Stored entries

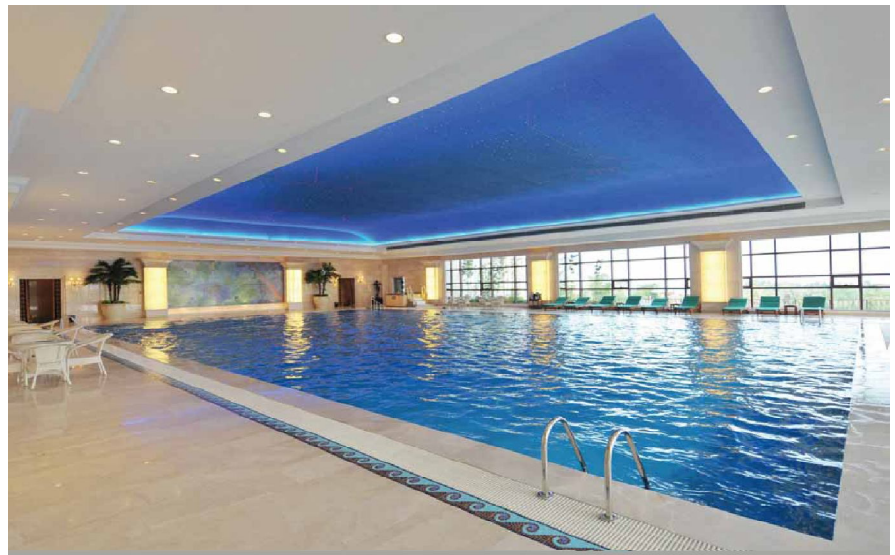

Sarl Leds Eclairage Distribution - 23 rue Jean Jaurès - 08200 SEDAN - France
Tél : (+33) 3 24 35 49 94 - Gsm (+33) 6 71 39 33 78 - e-mail : led@orange.fr

---

Profilé Aluminium "Large" 20mm

Profilé "Large" 20mm est prévu pour toutes applications d'éclairage intérieur.

Le matériel en aluminium permet d'effectuer une excellente dissipation thermique des rubans leds ou barres leds haute puissance utilisés, jusqu'à 25W/m

Le profilé est disponible en aluminium anodisé avec un couvercle en polycarbonate résistant aux UV qui est placé dans le profilé d'un simple clic par le haut.

Le couvercle peut être transparent, opaque.

Le profilé est disponible en longueur de 1 mètre ou 2 mètres.
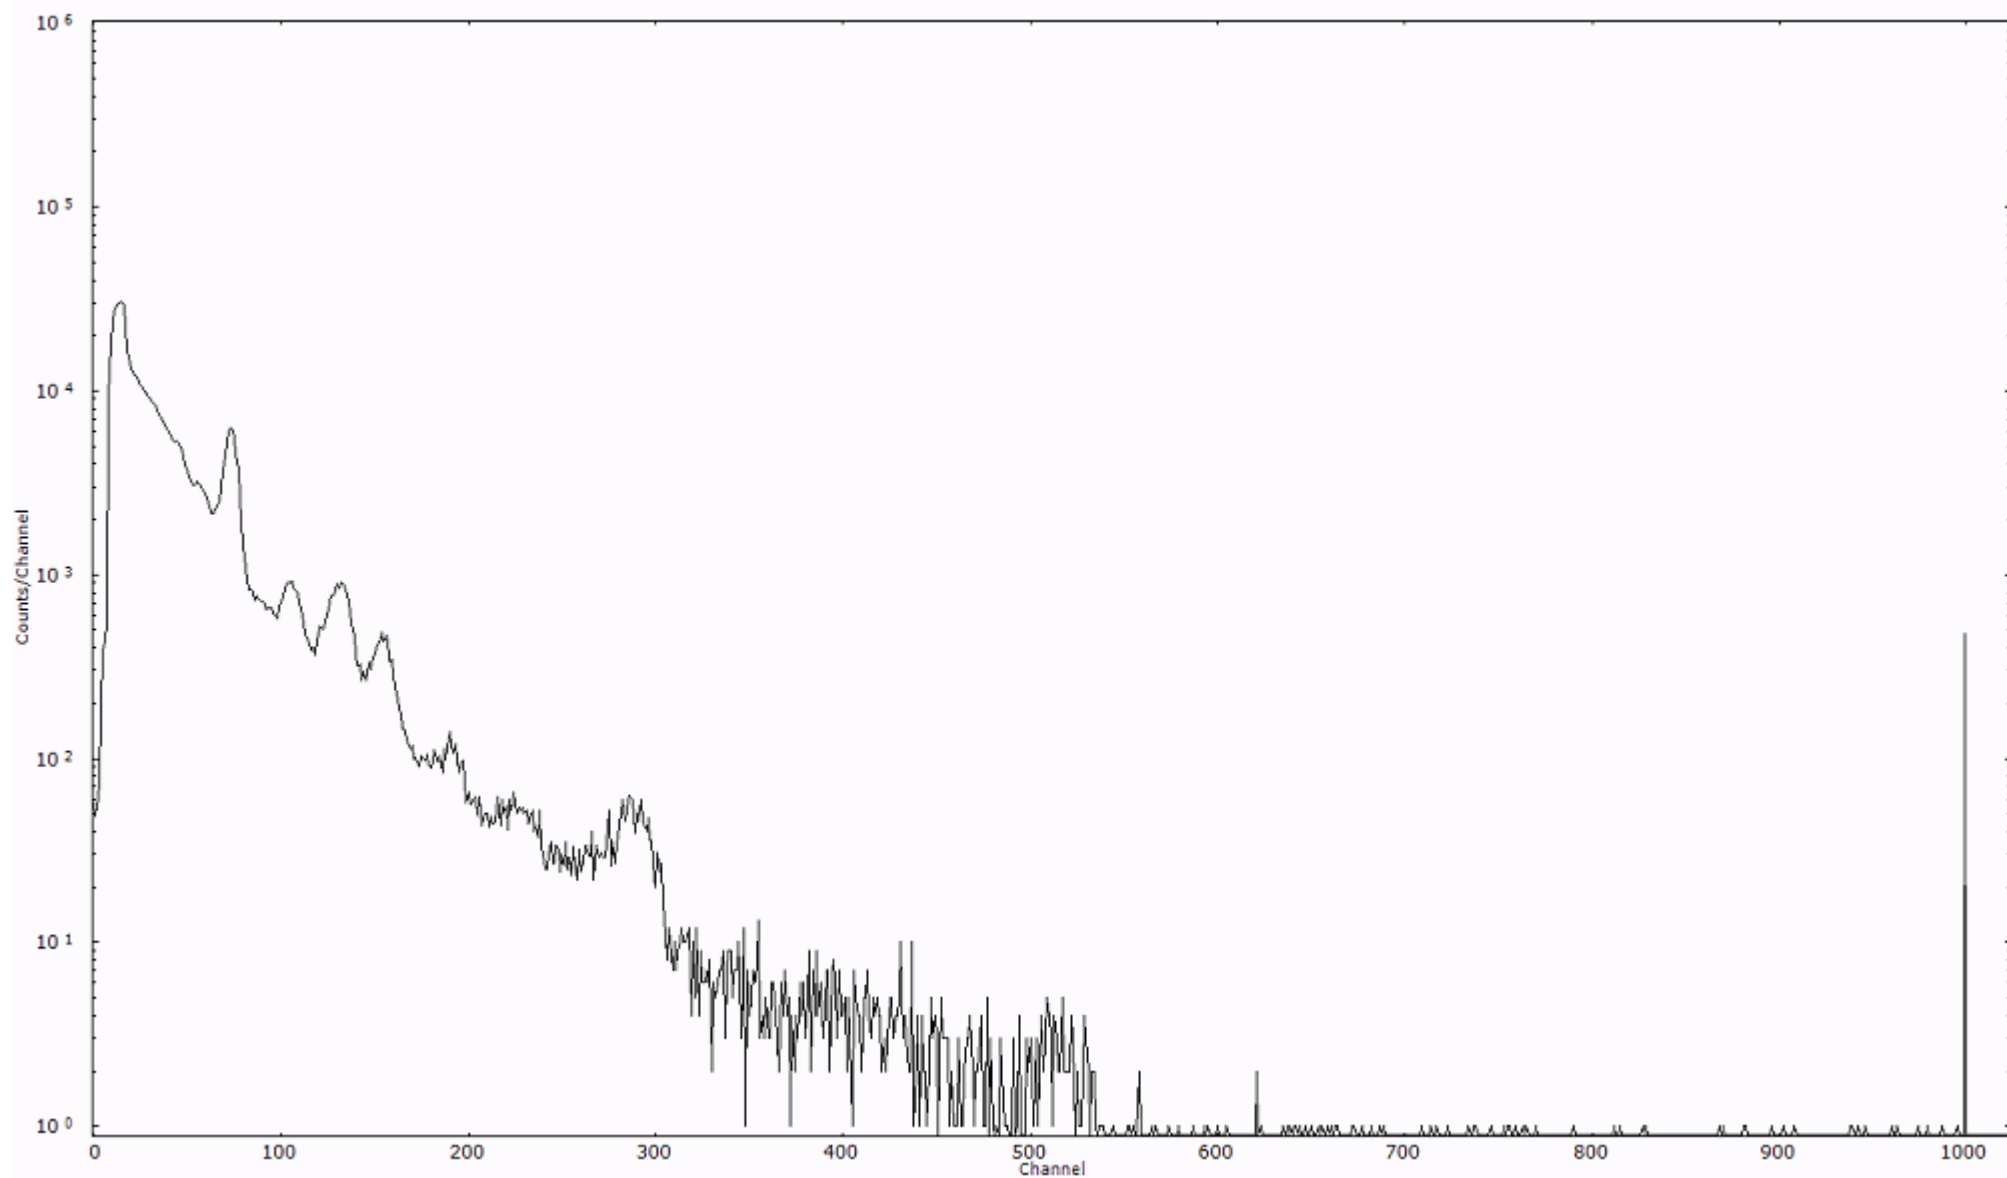

スペクトルグラフ
測定コード 舟石川110315P018

検出器番号 51
測定日時 2011年03月15日 15時10分

ライブタイム 600 秒
リアルタイム 600 秒
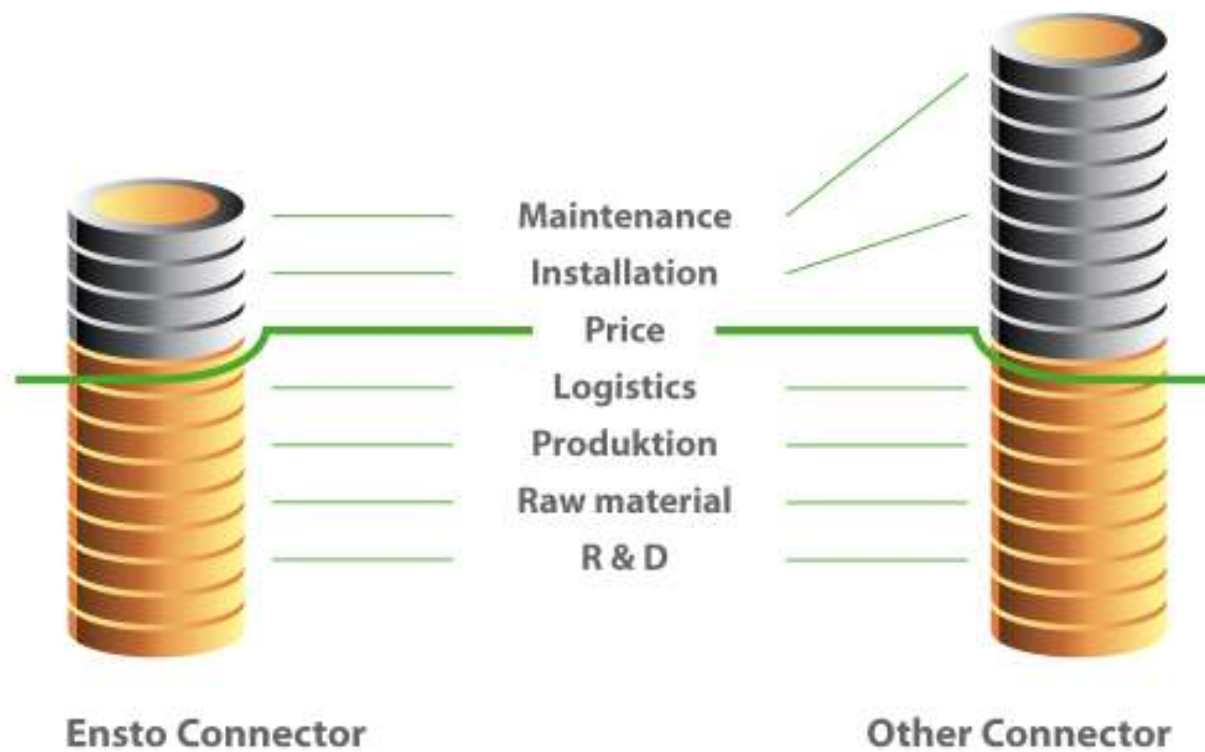

SLIW50
16-50/1,5-10

SLIW54
16-120/6-50

SLIW57
25-150/25-95

Saves Your Energy

Kopējās investīcijas

Saves Your Energy

Izmaksu salīdzināšana

Investīcijas gaisa vadu piekarkabeļos

SLIP pret SLIW

SLIP tips

- Daudz kontakta punktu
- Plašs diapazons
- Mehāniski izturīgas
- Ūdensdrošas
- 2 masīvas kontaktplates
- Augstāka cena

SLIW tips

- Mazāk kontakta punktu
- Mazāks diapazons
- Pietiekoši mehāniski izturīgas
- Ūdensdrošas (6 kV, 1 min)
- 4 kontakta plates
- Zemāka cena
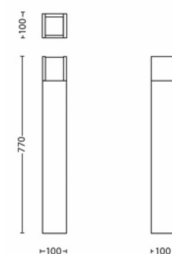

PHILIPS
myGarden
Piedestal/stâlp
Arbour
antracit
LED

16463/93/16

Bucură-te de o grădină frumoasă cu lumina Philips

Stâlpul de iluminat de exterior Philips Arbour cu LED, de culoare gri-antracit, suspendă un cub de lumină încadrat într-un suport durabil din aluminiu turnat sub presiune. Designul ingenios proiectează fascicule de lumină albă caldă și difuză peste alei și zone deschise din exterior.

Soluții de iluminat durabile

- Economie de energie
- Lumină LED de înaltă calitate
- Durată de viață îndelungată de până la 25 de ani
- Lumină albă caldă
- Philips oferă o garanție de 5 ani pentru modulul și driverul LED

Concepută pentru grădina ta.

- IP44 – rezistență la intemperii

PHILIPS
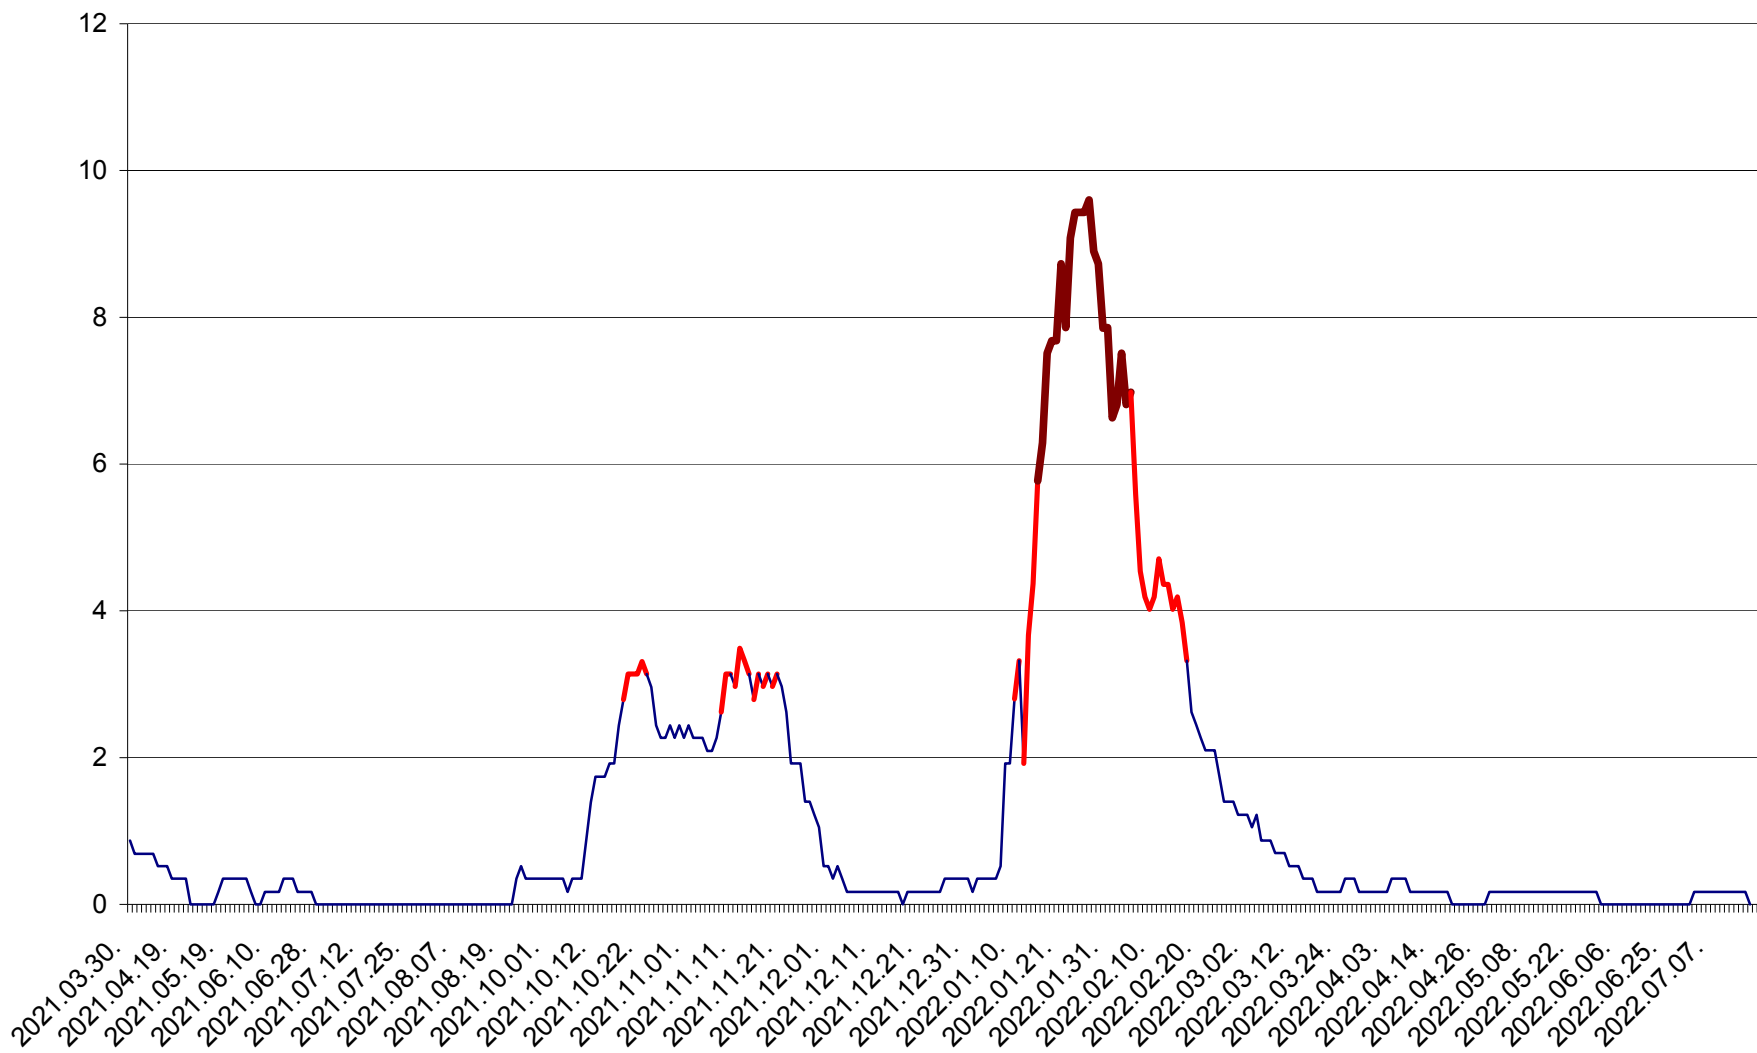

DÂRJIU - Evolutia incidentei cumulate pe 14 zile la ‰ de locuitori  
2021.04.01. - 2022.07.21.

DEALU - Evolutia incidentei cumulate pe 14 zile la ‰ de locuitori  
2021.04.01. - 2022.07.21.

DITRĂU - Evolutia incidentei cumulate pe 14 zile la ‰ de locuitori  
2021.04.01. - 2022.07.21.

FELICENI - Evolutia incidentei cumulate pe 14 zile la % de locuitori  
2021.04.01. - 2022.07.21.

FRUMOASA - Evolutia incidentei cumulate pe 14 zile la ‰ de locuitori  
2021.04.01. - 2022.07.21.

GĂLĂUȚAȘ - Evolutia incidentei cumulate pe 14 zile la ‰ de locuitori  
2021.04.01. - 2022.07.21.

MUNICIPIUL GHEORGHENI - Evolutia incidentei cumulate pe 14 zile la % de locuitori  
2021.04.01. - 2022.07.21.

JOSENI - Evolutia incidentei cumulate pe 14 zile la ‰ de locuitori  
2021.04.01. - 2022.07.21.

LĂZAREA - Evolutia incidentei cumulate pe 14 zile la % de locuitori  
2021.04.01. - 2022.07.21.

LELICENI - Evolutia incidentei cumulate pe 14 zile la ‰ de locuitori  
2021.04.01. - 2022.07.21.

LUETA - Evolutia incidentei cumulate pe 14 zile la ‰ de locuitori  
2021.04.01. - 2022.07.21.

Directions
Lines from the records above that hold "albă" are the ones to list.

Your response
Stâlpul de iluminat de exterior Philips Arbour cu LED, de culoare gri-antracit, suspendă un cub de lumină încadrat într-un suport durabil din aluminiu turnat sub presiune. Designul ingenios proiectează fascicule de lumină albă caldă și difuză peste alei și zone deschise din exterior.
- Lumină albă caldă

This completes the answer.